Dude, if you are starting from scratch then start from scratch, which means reading the documentation and probably buying some books. I'm not be rude or anything but the help around here is spread pretty thin so hand holding you through the addition of every variable aint really gonna happen, especially since a lot of this kind of thing is well trodden ground.

jimdrake’s picture

i am aware that the stylesheets are there for a reason. if i'm ditching style sheets it would only be for live webpages, i'm not interested in creating a theme that covers the admin pages, i can keep using the default theme there.

i am also aware of the hand-holding issue and that the documentation is there.

the problem i have is that the documentation is all very generic, ie. descriptions and explanations always try to encompass systems as a whole.

all i need is a few specific examples to get going, and this is where i'm finding it hard to get the info.

so for now to remain specific, all i really want to understand is the data flow for stylesheet markup. the base html must be stored somewhere, i just find it hard to back-trace stuff.

Jeff Burnz’s picture

Yeah, totally understand your back-tracing issue, if you ask me a specific question about where something comes from I can tell you, how ironic eh? Other than that it really is a matter of looking at the templates (use the Devel module Theme developer, it tells you all about template suggestions and the core template files), looking up theme functions in the API and reading lots of source code such as theme.inc.

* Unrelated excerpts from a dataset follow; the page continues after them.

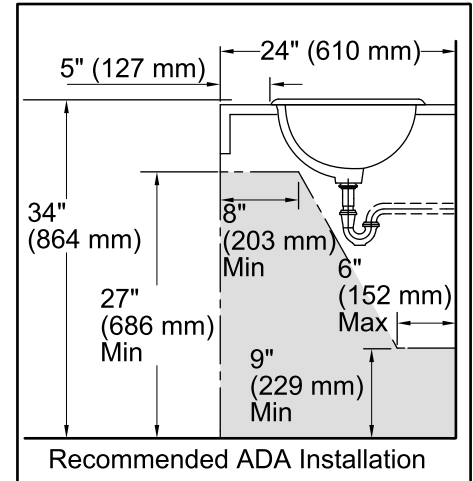

### Technical Information

All product dimensions are nominal.

Bowl configuration:	Single
Installation:	Drop-In
Bowl area (Only)	Length: 21" (533 mm) Width: 12" (305 mm) Water depth: 4-7/8" (124 mm)
Drain hole:	1-3/4" (44 mm)
Template:	Drop-in, 110359-7, required, included

### Notes

Install this product according to the installation guide.

4-5/8" (117 mm) minimum faucet spout length needed to reach over rim into basin.

**NOTICE:** Countertop manufacturer or cutter must use the cut-out template provided with the product, or a current one provided by Kohler Co. (call 1-800-4-KOHLER). Kohler Co. is not responsible for cutout errors when the incorrect cutout template is used.

Modules often add there own layer of templates and theme functions such as the Views, Panels and CCK modules.

I'm not really sure what you mean by "data flow for stylesheet markup".

jimdrake’s picture

what do i mean by data flow?

so first, think about a static html page, nothing dynamic > no data flow

next say you have a bunch of different php files, one per each page on your site. instead of copying the same header/footer stuff to each page, you just do a print header, print footer at the top and bottom of each of your files. you then have a file somewhere which has this info, like:

header = "all this stuff here to look like the same thing on each page innit"

this would have say one stage of 'data flow'. for me it's easy to look at a php file, see a print, then find the variable, then alter the contents of the variable.

obviously it's more complex than this with drupal.

when i look at the output of print $styles, i don't like it so i want to change it. but i can't find just a $style='all this' somewhere to edit. you mention it's possible to override stuff so there's obviously a bunch of include this, include this, get this form here etc. going on. this is what i mean my 'data flow'. probably the wrong terminology.

i should try the devel module, haven't done that yet

Jeff Burnz’s picture

Ok, then see this - http://drupal.org/node/171194

What you are asking is really quintessential to understanding the theme layer in Drupal, again it comes down to reading the docs and API etc and just playing with it.

Regareding $style='all this', I gave you a big tip, look at the stylestripper module - in particualr its implementation of hook_preprocess_page.